• [Brief] Copy each line of the entries that contains the word "dimensions".

Records contained in a dataset
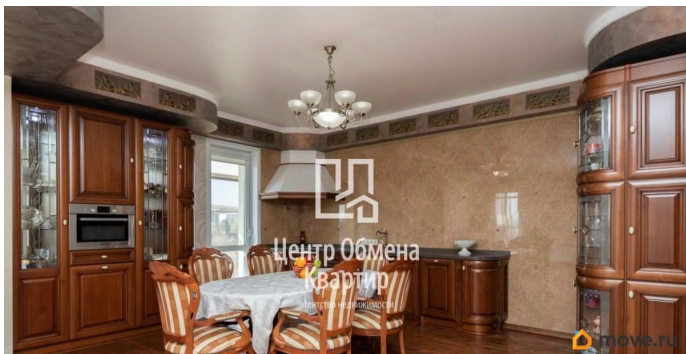

на улицу

Ремонт

дизайнерский

Покупка в ипотеку

да

возможна ипотека, лифт

Описание

Арт. 129847124 Просторная 4-к. кв. площадью 174,6 кв.м в современном жилом комплексе «Прогресс», расположенном в самом центре Свердловского района. Планировка и площадь:- Три отдельные комнаты + кухня-гостиная, идеально подходящие для семейного проживания.- Крупная кухня-гостиная площадью 44 кв.м — просторное и светлое пространство для приема гостей и комфортного отдыха.- Два санузла для удобства всех членов семьи.- Гардеробная и техническая комната, обеспечивающие дополнительные места для хранения и комфорт. Виды и расположение: Квартира обладает потрясающими видовыми характеристиками — открывается великолепный вид на лес и город, что создаёт атмосферу уюта и единения с природой. Инфраструктура: Жилой комплекс окружён развитой инфраструктурой:- Образовательные учреждения: школа 19 и Детская школа искусств 5.- Спортивные объекты: Ледовый дворец «Айсберг» и ледовый дворец «Байкал Энергия» — идеальны для активного образа жизни.- Культурные и общественные объекты: библиотека И.И. Молчанова-Сибирского.- Медицинское обслуживание: поликлиника рядом с жилым комплексом.- Магазины и торговые точки обеспечивают удобство

повседневных покупок. В подъезде произведен новый современный ремонт. Этот вариант идеально подойдёт для тех, кто ценит комфорт, простор и развитую инфраструктуру в шаговой доступности!

Move.ru - вся недвижимость России
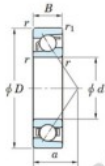

## Roulement à bille simple rangée 7024-B-FY-JTEKT - 7024-B-FY-JTEKT

<https://www.123roulement.be/roulement-palier/roulement-bille/simple-rangee/7024-b-fy-jtekt>

Boundary dimensions

Single row angular bearing

Bearing No.	Boundary dimensions(mm)					Basic load ratings(kN)		Fatigue load limit(kN)		Limiting speeds(min-1)	
	d	D	B	r(mm)	r1(mm)	Cr	Cor	Cu	fu	Grease lub.	Oil lub.
7024B FY	120	180	28	2	1	108	93	3.95	-	2900	

### CARACTÉRISTIQUES PRODUIT

Marque	JTEKT
N° Ean13	3616060642820
Diam. intérieur	120 mm
Diam. extérieur	180 mm
Epaisseur	28 mm
Vitesse limite	2900 rpm
Charge dynamique	108 kN
Charge statique	93 kN
Conditionnement	1

• [Worked solution]
Boundary dimensions
Bearing No.	Boundary dimensions(mm)					Basic load ratings(kN)		Fatigue load limit(kN)		Limiting speeds(min-1)	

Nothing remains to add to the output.